The equation of logistic regression is: \[ p(X) = \frac{e^{\beta_0 + \beta_1X_1 + … + \beta_pX_p}}{1 + e^{\beta_0 + \beta_1X_1 + … + \beta_pX_p}} \] a) Estimate the probability that a student who studies for 40 hours and has an undergrad GPA of \(3.5\) gets an A in the class.
According to the question, \(X_1\) is 40 hours and \(X_2\) is \(3.5\) so the probability will be: \[ \hat{p}(X) = \frac{e^{-6 + 0.05X_1 + 1X_2}}{(1 + e^{-6 + 0.05X_1 + 1X_2})} \]
e is an Euler’s number, which is close to 2.7182818284590452353602874713527…. Using exp() in the console, the probability of getting an A will be 0.3775 \[
\hat{p}(X) = \frac{e^{-6 + 0.05*40 + 1*3.5}}{(1 + e^{-6 + 0.05*40 + 1*3.5})} = 0.3775407
\] We also can create a function to compute the probability, the answer is p = 37.8 %.
prob <- function(x1,x2){
stopifnot(is.numeric(x1) & is.numeric(x2))
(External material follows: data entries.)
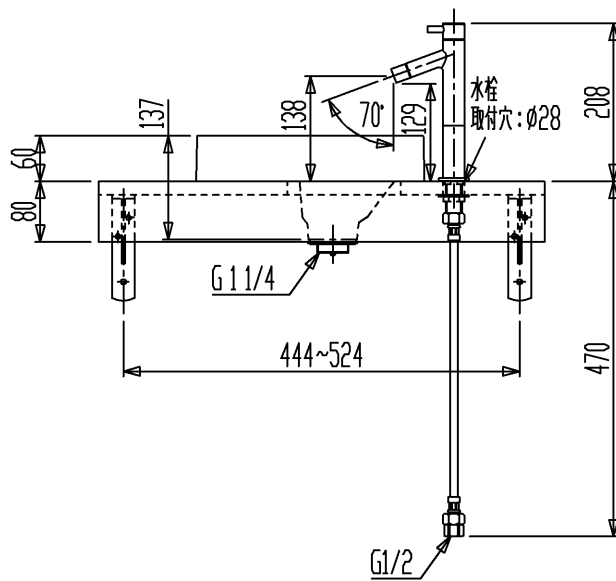

品番	カウンター色
CEK420SET01S-NA	ナチュラル
CEK420SET01S-BR	ブラウン
CEK420SET01S-WH	ホワイト

カウンター
 基材：防水MDF
 表面：メラミン化粧板

セット内容	数
カウンター	1
ブラケット	2
手洗器（オーバーフローなし）	1
立水栓（JIS、定流量弁付）	1
排水目皿	1
フレキ管（L=397）	1

手洗器：人工大理石

※壁取付部には厚さ20mm以上の補強木を入れてください。

セラトレーディング株式会社			単位 mm	名称 セラオリジナルコレクション カウンターセット
製図 木場	検図 土山	日付 21.07.16	尺度 1 : 10	品番 図中の表参照
備考 セット重量：6.1kg				図番 CEK420SET01S
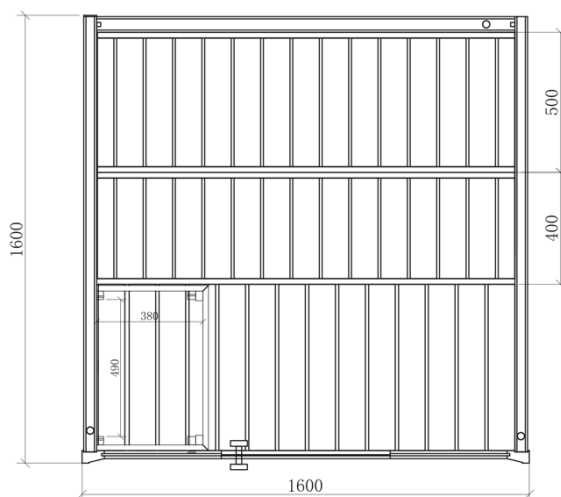

SAUNA Onni

1-053-080

Type de cabine :

Cloison isolée

Essence de bois de la cabine :

Abachi

Essence de bois banquettes :

Abachi

Accessoires inclus :

- Banquettes
- Grille ventilation
- Dossier
- Protège poêle
- Caillebottis
- Lampe avec protection sans ampoule
- Porte et panneau vitré en verre securit 8mm
- 3m câbles silicone 5x2,5mm² pour le poêle
- 3m câbles silicone 3x1,5mm² pour l'éclairage
- Notice et quincaillerie d'assemblage

Accessoires non inclus :

- Poêle
- Tableau de commande
- Seau et louche
- Thermo-hygromètre
- Ampoule

Dimensions de la porte :

600 x 1808 mm

Dimensions cabine sauna :

1600 x 1600 x 2000 mm (LxPxH)

Puissance de poêle recommandée :

7,5 Kw

BLEU BIEN-ÊTRE®
SAUNATHÈQUE
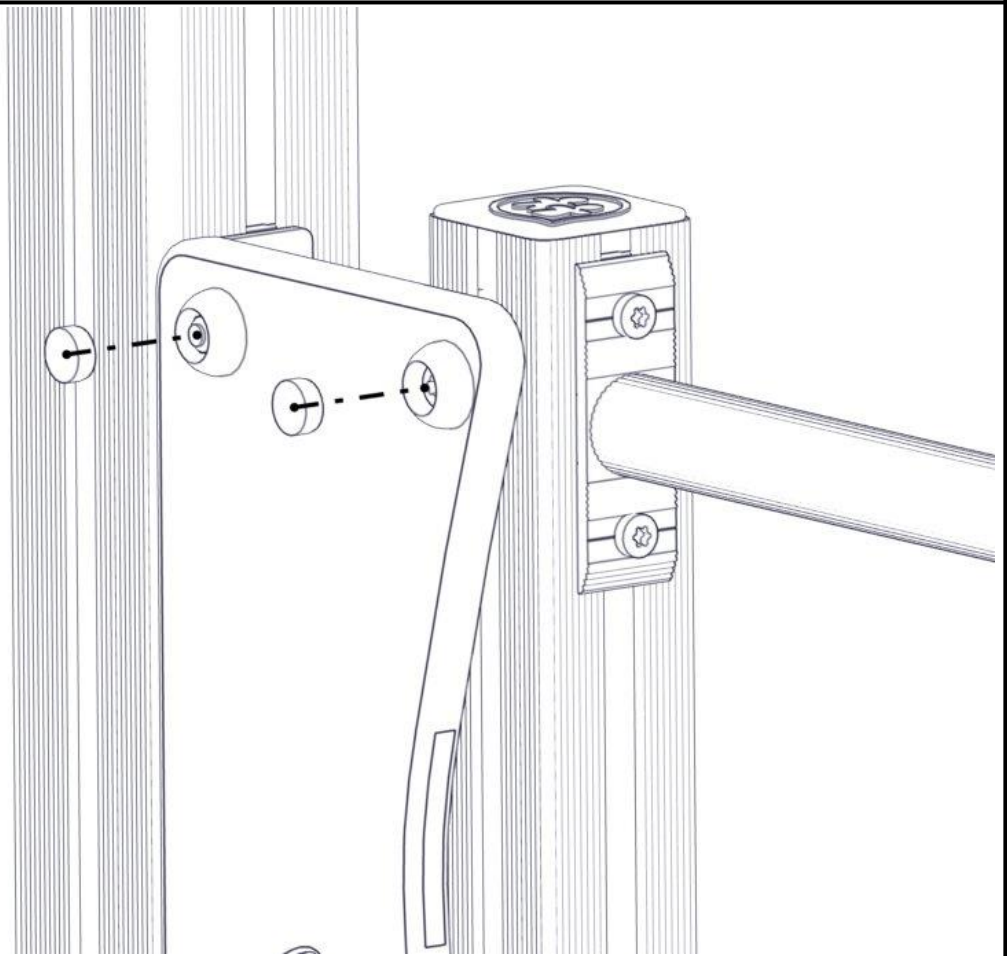

Montering av lekeapparatet / Assembly instructions / Montering av lekredskapet
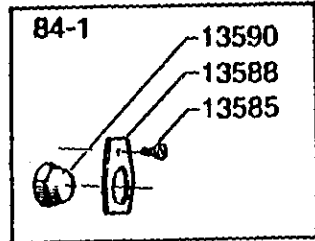

For parts and service
 call toll free: 1-888-404-1119
 www.mikesreelrepair.com

Vid beställning av reservdelar
 bör alltid rulltyp och nummer-
 beteckning under rullfoten anges

Please specify reel model number
 and number in reelfoot when
 ordering parts
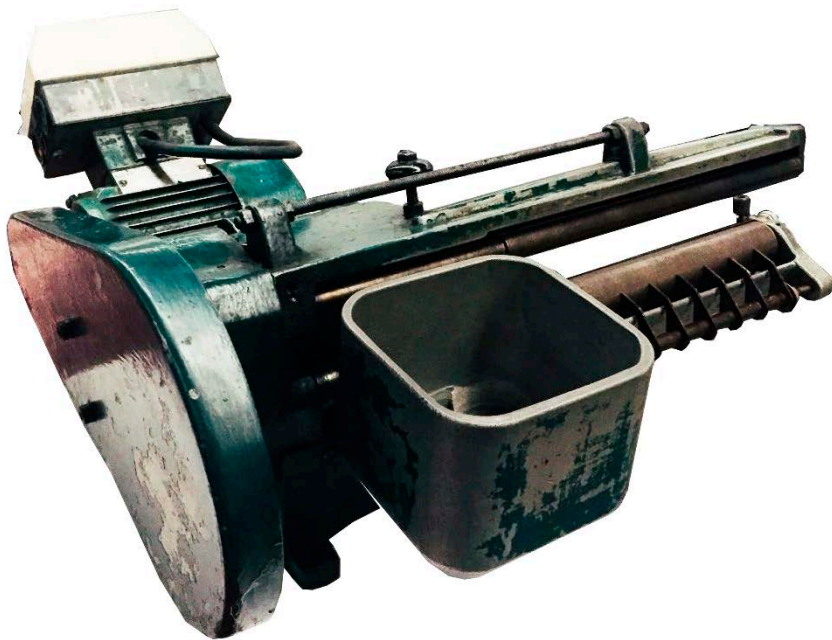

MÁQ. DE CEMENTAR CON LATEX

tmp <- exp(-6 + 0.05 * x1 + 1 * x2)
return(tmp/(1 + tmp))
}
prob(40, 3.5)## [1] 0.3775407
Now, we don’t know how many studying hour is, we need to find out \(X_1\). \[ \frac{e^{-6 + 0.05X_1 + 1*3.5}}{(1 + e^{-6 + 0.05X_1 + 1*3.5})} = 0.5 \] And we use 1- 100 to test which hour (\(X_1\)) is exactly matched to 50% chance of getting an A. The answer is 50 hours.
hours <- seq(1 ,100 ,1)
probs <- mapply(hours, 3.5, FUN = prob) #X1, X2, function
names(probs) <- paste(hours,"Hours")
probs %>%
tidy() %>%
filter(x == 0.5)## # A tibble: 1 x 2
## names x
## <chr> <dbl>
## 1 50 Hours 0.5
Suppose that we take a data set, divide it into equally-sized training and test sets, and then try out two different classification procedures. First, we use logistic regression and get an error rate of 20% on the training data and 30% on the test data. Next, we use 1-nearest neighbors (i.e. \(K = 1\)) and get an average error rate (averaged over both test and training data sets) of 18%. Based on these results, which method should we prefer to use for classification of new observations? Why?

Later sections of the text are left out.